Good News - I have an appointment with the head RE at my clinic tomorrow, which will hopefully get us more answers.  The physician I usually see suggested I make an appointment with this RE, although I'm not entirely sure what the purpose of the appointment is, to be honest.  All I know is that the consult is supposed to be about an hour long, and I'll probably bring B back with me.  I want to have a second set of ears so that we can be sure to take in all the information we can get.  I'm guessing we'll discuss the last year's worth of treatments and maybe talk about a plan moving forward, but I don't really know.  I guess I'll find out tomorrow :).

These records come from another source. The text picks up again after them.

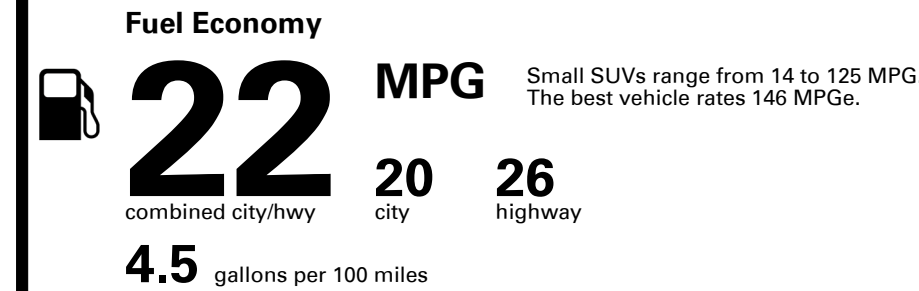

SOLD TO: WA706
GENESIS OF KIRKLAND
11930 124TH AVE NE
KIRKLAND WA 98034

SHIPPED TO: WA706

VIN: 5NMMFDTB5TH059599	EXTERIOR COLOR: ALTA WHITE	INTERIOR/SEAT COLOR: OBSIDIAN BLACK/OBSIDIAN
MODEL: U0452A45	PORT OF ENTRY: MA	TRANSPORT: TRUCK
EMISSIONS: This vehicle is certified to meet emission requirements in all 50 states		ACCESSORY WEIGHT: 15 lbs./ 7 kgs.

Inland Freight & Handling : \$1,495.00

TOTAL PRICE: \$61,785.00

EPA DOT Fuel Economy and Environment

Gasoline Vehicle

You spend \$5,750
more in fuel costs over 5 years compared to the average new vehicle.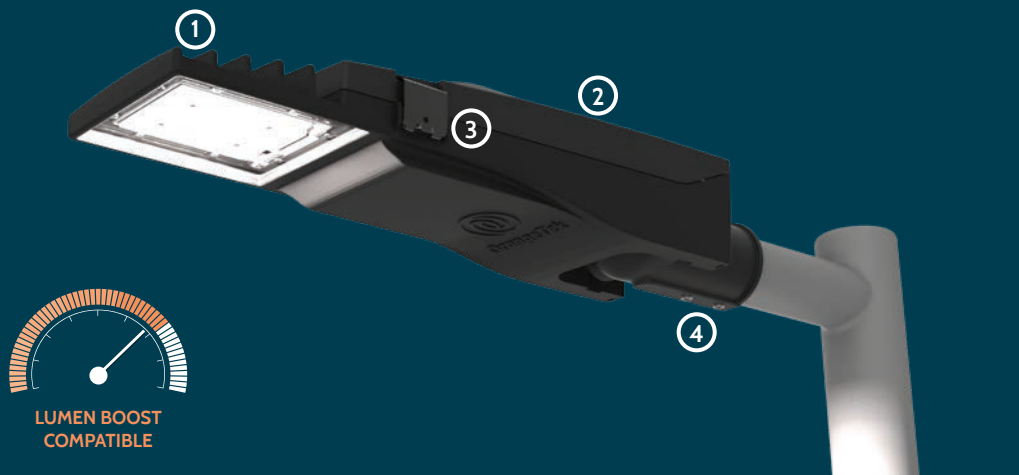

IGNIS

MINI

Introducing IGNIS mini

The IGNIS mini is where the story begins for our IGNIS family. Designed to cover BS5489 and BS EN 13201 lighting classes P6 through to P3, with market leading optical performance and uniformity without compromising on lumens per watt or reliability. Versatile, the IGNIS Mini is available in high output or CLO optimised LED chip configurations to best suit your needs, for peak performance or hitting energy saving targets. The IGNIS range offers installation flexibility with Lumen Boost; tune your lantern stock to the desired output quickly and safely to suit your lighting needs.

Measurement in millimetres.

Narrow lens

Medium lens

Wide lens

Product Features

1 Aerodynamically assisted thermal management

2 Removable gear tray

3 Tool free, secure latching power compartment

4 Adjustable integral spigot.

SmartCity Ready

Tool Free Access

CLO Available

IP66

Upto IK10

Preset Dimming

Lumen Boost

Surge Protection – 10kV 10kA MLV (clamping voltage) 1.2kV

Tilt angle adjustment +10° to -15°

Lightweight LM6 aluminium

Lantern Information

Weight	4.8 kg
Windage	0.04 m ²
RAL codes	Black: RAL 9004 Grey: RAL 7040
Mounting sizes	76, 60, 42, 34mm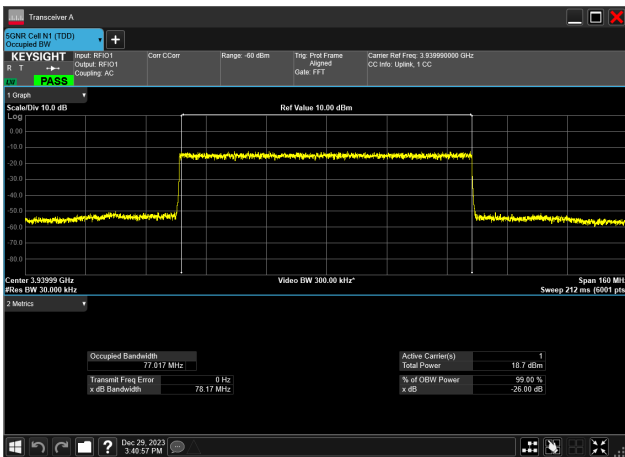

80MHz_30kHz_3940MHz_DFT-s-OFDM 256 QAM_RB216@
77.017 MHz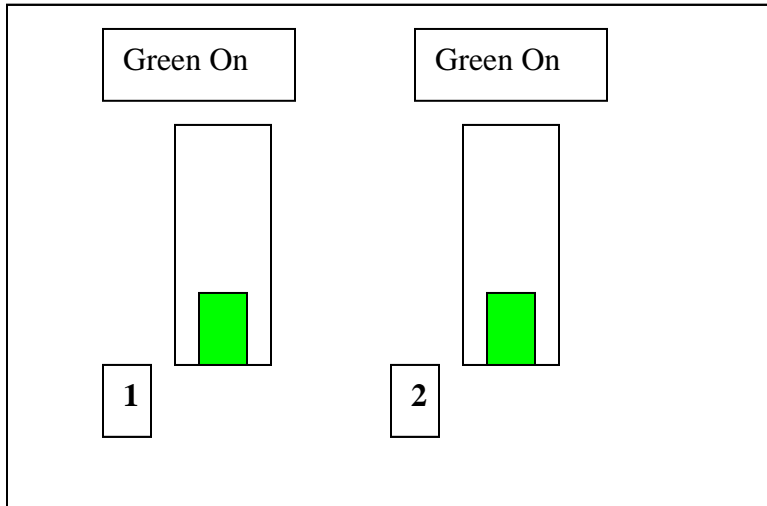

New VGA switch boxes

Both Green lights on will project the computer screen on the projector and computer screen.

Orange light on 1 and Green light on 2 will show the document camera briefly on the computer screen and the computer image on the projector. If the document camera isn't on, the computer screen will not show anything. The computer screen goes into power save mode shortly after showing the document camera because it isn't recognizing the input.

Both Orange lights on will project the document camera on both the computer screen and the projector screen. If the document camera is not on, the computer will not project anything to the computer screen or projector. The computer screen goes into power save mode shortly after showing the document camera because it isn't recognizing the input.

Green light on 1 and Orange light on 2 will show the document camera on the projector screen and the computer image on the computer screen. If the document camera isn't on, the projector screen will not show anything.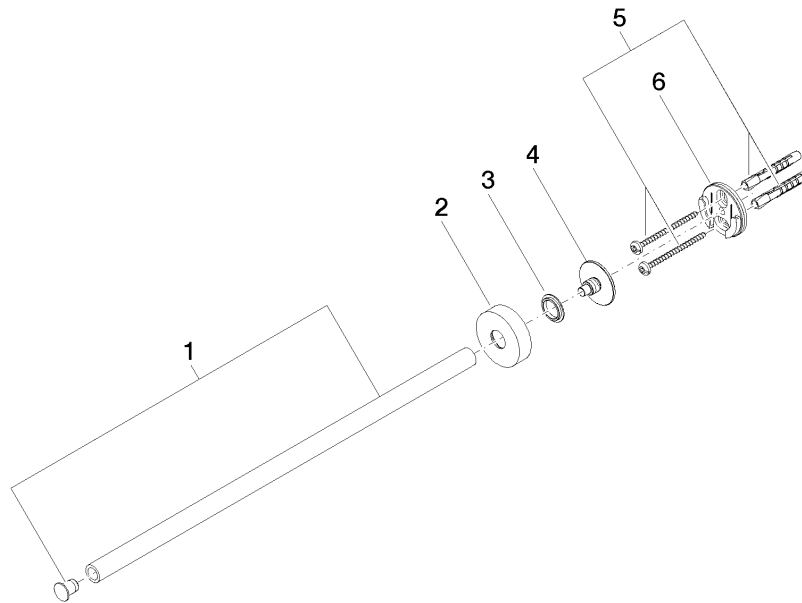

Towel bar 1-piece non-swivel - Chrome

LISSÉ

83 215 979

- rosette Ø 40 mm
- 360mm projection

Fits: LISSÉ, META

	Chrome	83 215 979-00
	Brushed Platinum	83 215 979-06
	Dark Chrome	83 215 979-19
	Light Gold	83 215 979-26
	Brushed Light Gold	83 215 979-27
	Matte Black	83 215 979-33
	Brushed Bronze	83 215 979-42
	Brushed Champagne (22kt Gold)	83 215 979-46
	Champagne (22kt Gold)	83 215 979-47
	Brushed Chrome	83 215 979-93
	Brushed Dark Platinum	83 215 979-99

83 215 979

mm [inches]

83 215 979

Parts for other finishes can be found here: Brushed Platinum

Spare parts list

No.	Item Number	Name	Quantity used	Delivery time
1	90 17 97 566 00-00	holder	1	10
2	08 27 97 500-00	rosette	1	10
3	08 30 11 516 90	ring	1	2
4	08 17 97 560 90	holder	1	2
5	05 30 31 025 00 90	fixing set	1	2
6	08 17 97 501 07	holder	1	2

Mixed Message News - When we realized that last cycle didn't work out, I was told that we had 2 options - go ahead with an increased dose of injections and try again, or take a break for a cycle, chat with the head RE, and then decide where to go from there.  After we talked about it and mapped out important dates, we figured the timing probably wouldn't work out.  Even though I hate the idea of losing another month, I know it was our best choice, and it hasn't been too bad - it's nice to have a break from giving injections, taking pills, visiting my pal the vag cam, and peeing on sticks.

Good News - MTV did something pretty awesome - huge shock right?  Their program True Life finally focused on something important with the episode "True Life:  I'm Desperate to Have a Baby."  (Yes, I know they've covered topics like addiction, which is also important, but one of their newest episodes is called "True Life:  I'm Too Beautiful."  Give me a break.)  It followed 2 couples who were struggling with infertility and documented their efforts to get pregnant via IVF.  It is definitely worth a watch.

So that's the most recent update.  I'm hoping to be back tomorrow with all of the details from our meeting with the RE, and I have a couple of drafts that are burning a hole in my brain that will hopefully be published soon.